- [DESCRIPTION OF THE TASK] Only the lines from the one holding "4. THESE DRAWINGS" to the final line of the material below belong in the answer, transcribed exactly.

- [EXERCISE DATA]
++++++++++
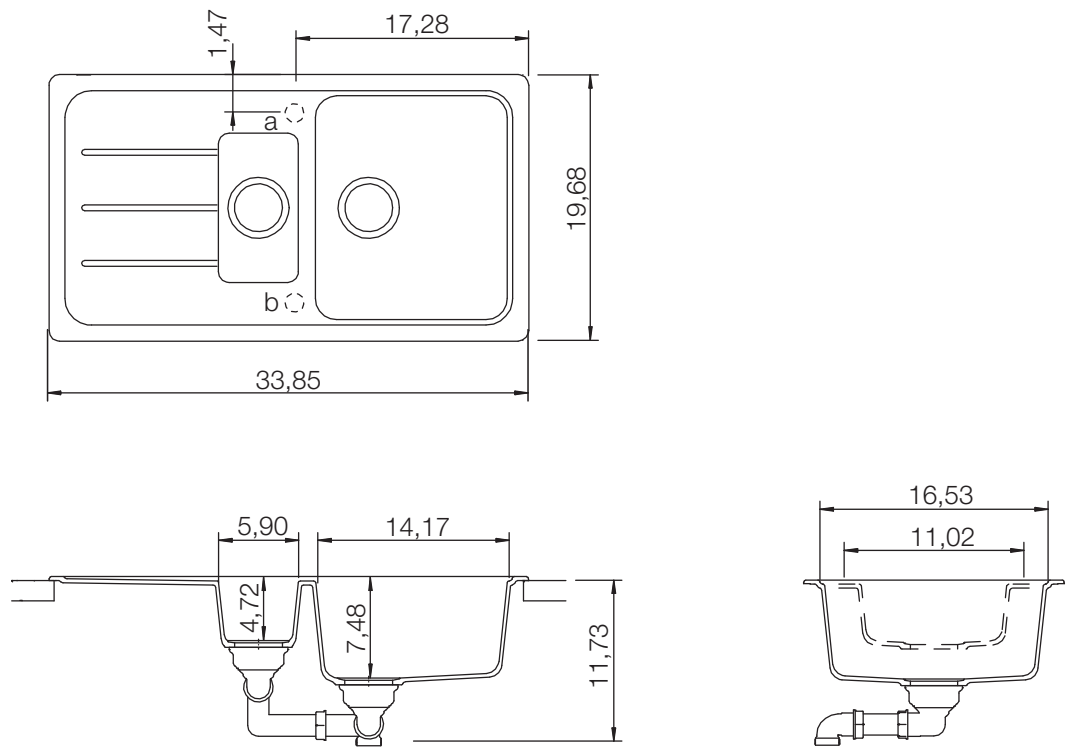

CRISTALITE[®] FORMHAUS D-150

MEASUREMENTS IN MILLIMETRE

For installation from top

For undermount installation

CRISTALITE® FORMHAUS D-150

MEASUREMENTS IN INCH

For installation from top

For undermount installation
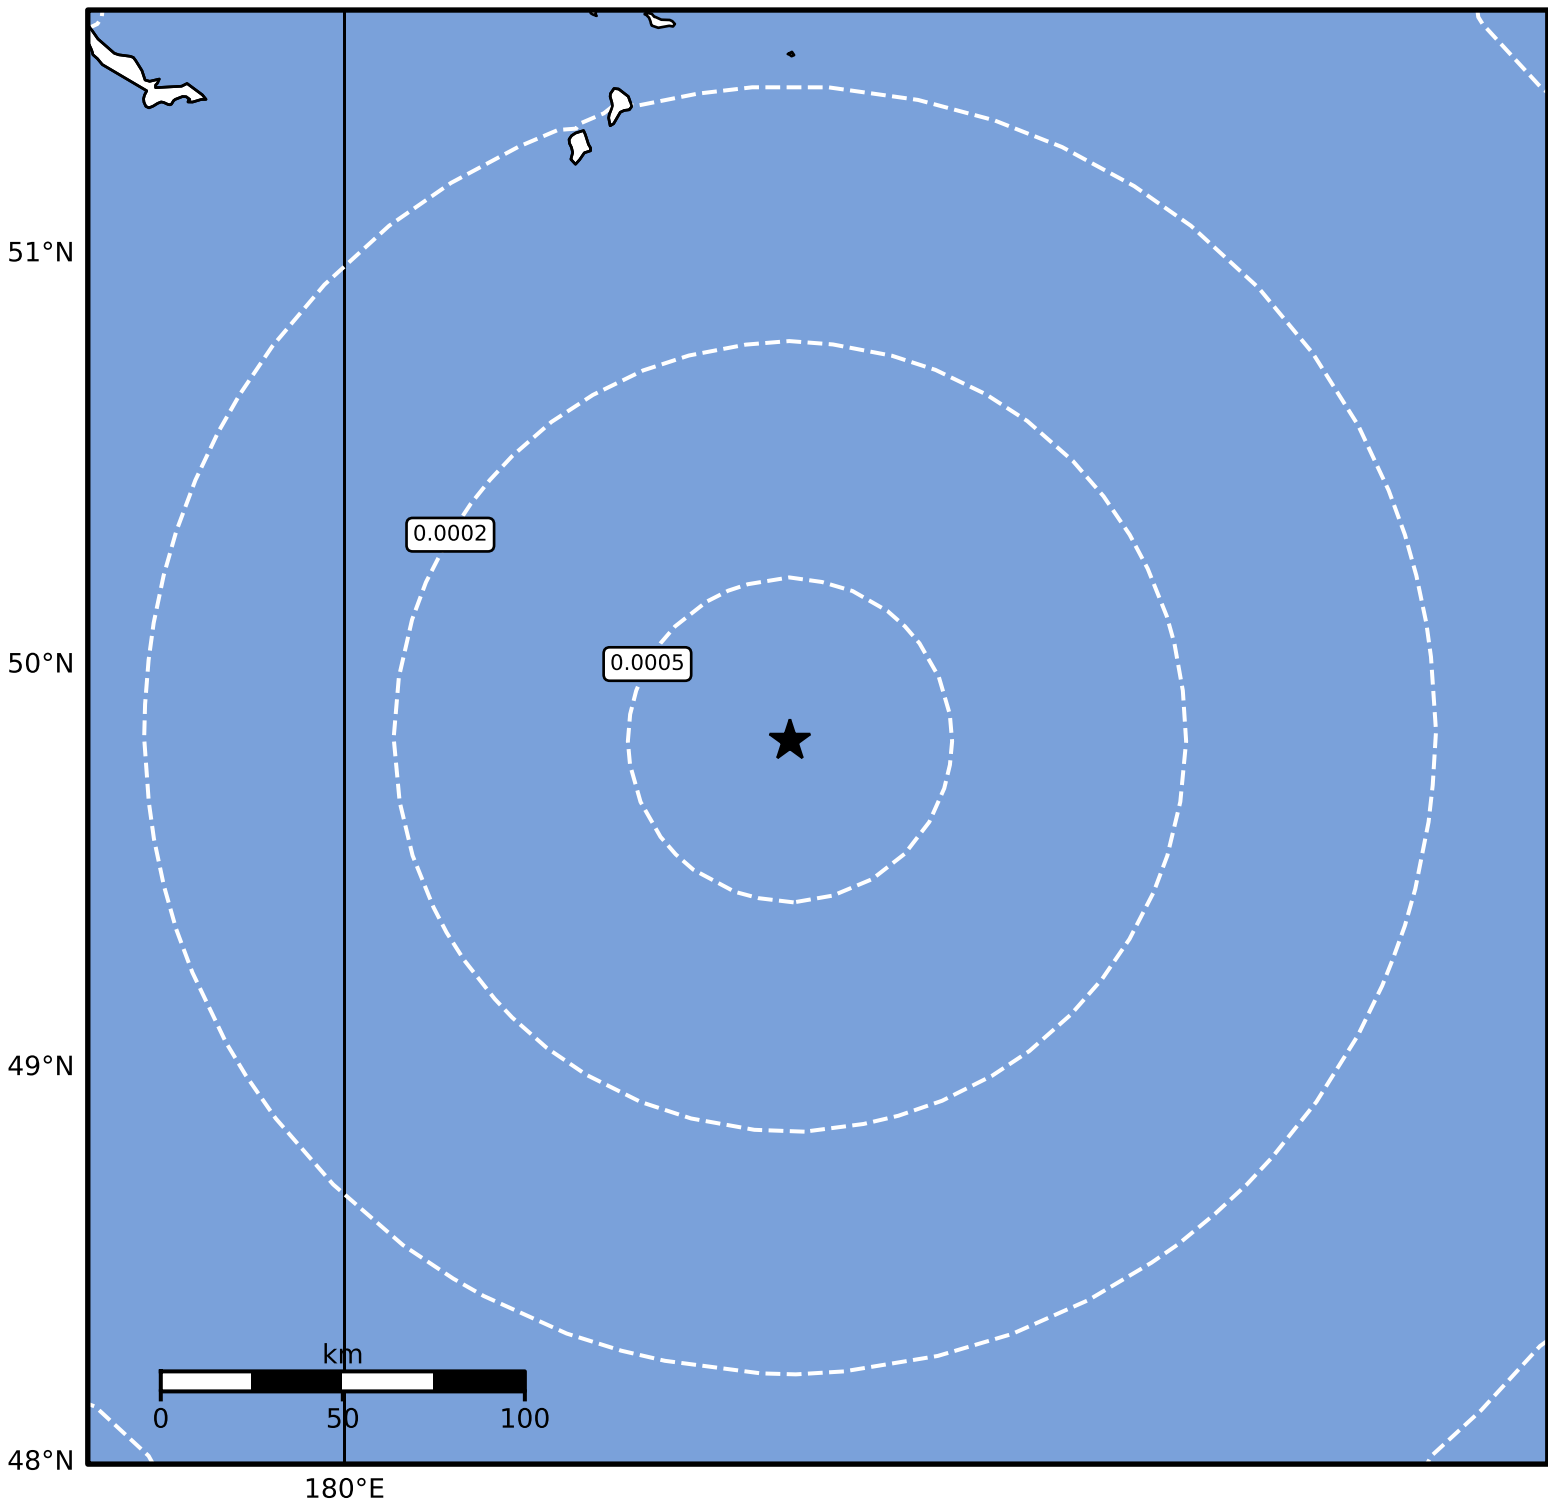

3.0 Second Peak Spectral Acceleration Map Alaska Earthquake Center
ShakeMap: 257 km (160 miles) SSW of Adak
Aug 19, 2024 13:46:42 UTC M3.6 N49.81 W178.30 Depth: 45.7km ID:ak024anwp3rf

Scale based on Worden et al. (2012)

Version 1: Processed 2024-08-19T13:50:57Z

△ Seismic Instrument ○ Reported Intensity

★ Epicenter
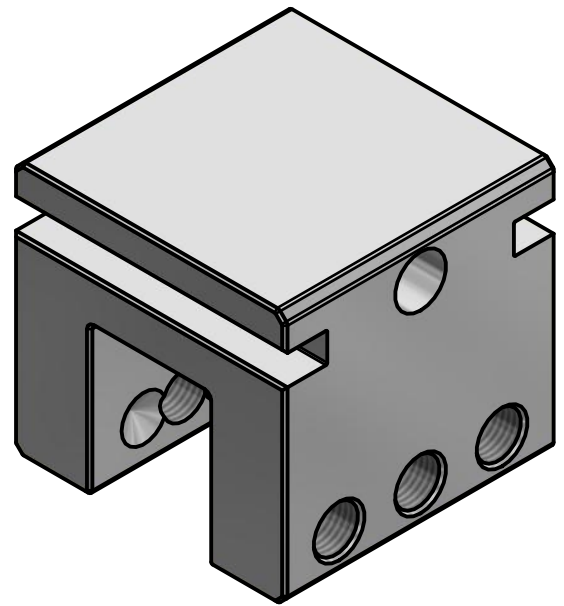

*** SNO GEM PRODUCT CUT SHEET ***

GENERAL NOTES:

1. FOR CLARITY THIS DRAWING IS NOT TO SCALE.
2. CONTACT THE MANUFACTURER FOR RECOMMENDED LAYOUTS, SPACING, AND ADDITIONAL DETAILS.
3. INSTALLATION MUST BE COMPLETED WITH MANUFACTURERS WRITTEN SPECIFICATIONS AND INSTALLATION INSTRUCTIONS.
4. THESE DRAWINGS ARE SUBJECT TO CHANGE WITHOUT NOTICE.

FINISH SELECTION:

- MILL FINISH
- COLOR TO CLOSELY MATCH

TOP VIEW

FRONT VIEW

RIGHT VIEW

Raising the Bar in Snow Retention

4800 METALMASTER WAY - MCHENRY, IL 60050

PHONE: 815.477.GEMS WEBSITE: WWW.SNOGEM.COM
 FAX: 815.455.GEMS E-MAIL: INFO@SNOGEM.COM

SNO CUBE MINI HD

DRAWN BY:	rhoeffleur
DATE:	1/27/2018
SCALE:	N.T.S.
MATERIAL:	Aluminum

THE INFORMATION HEREIN IS CONFIDENTIAL AND PROPRIETARY AND IS NOT TO BE DISCLOSED OR DELIVERED TO THIRD PARTIES WITHOUT THE PRIOR WRITTEN CONSENT OF SNO GEM, INC.
++++++++++
- [SOLVED EXERCISE]
4. THESE DRAWINGS ARE SUBJECT TO CHANGE WITHOUT NOTICE.

FINISH SELECTION:

- MILL FINISH
- COLOR TO CLOSELY MATCH

TOP VIEW

FRONT VIEW

RIGHT VIEW

Raising the Bar in Snow Retention

4800 METALMASTER WAY - MCHENRY, IL 60050

PHONE: 815.477.GEMS WEBSITE: WWW.SNOGEM.COM
 FAX: 815.455.GEMS E-MAIL: INFO@SNOGEM.COM

SNO CUBE MINI HD

DRAWN BY:	rhoeffleur
DATE:	1/27/2018
SCALE:	N.T.S.
MATERIAL:	Aluminum

THE INFORMATION HEREIN IS CONFIDENTIAL AND PROPRIETARY AND IS NOT TO BE DISCLOSED OR DELIVERED TO THIRD PARTIES WITHOUT THE PRIOR WRITTEN CONSENT OF SNO GEM, INC.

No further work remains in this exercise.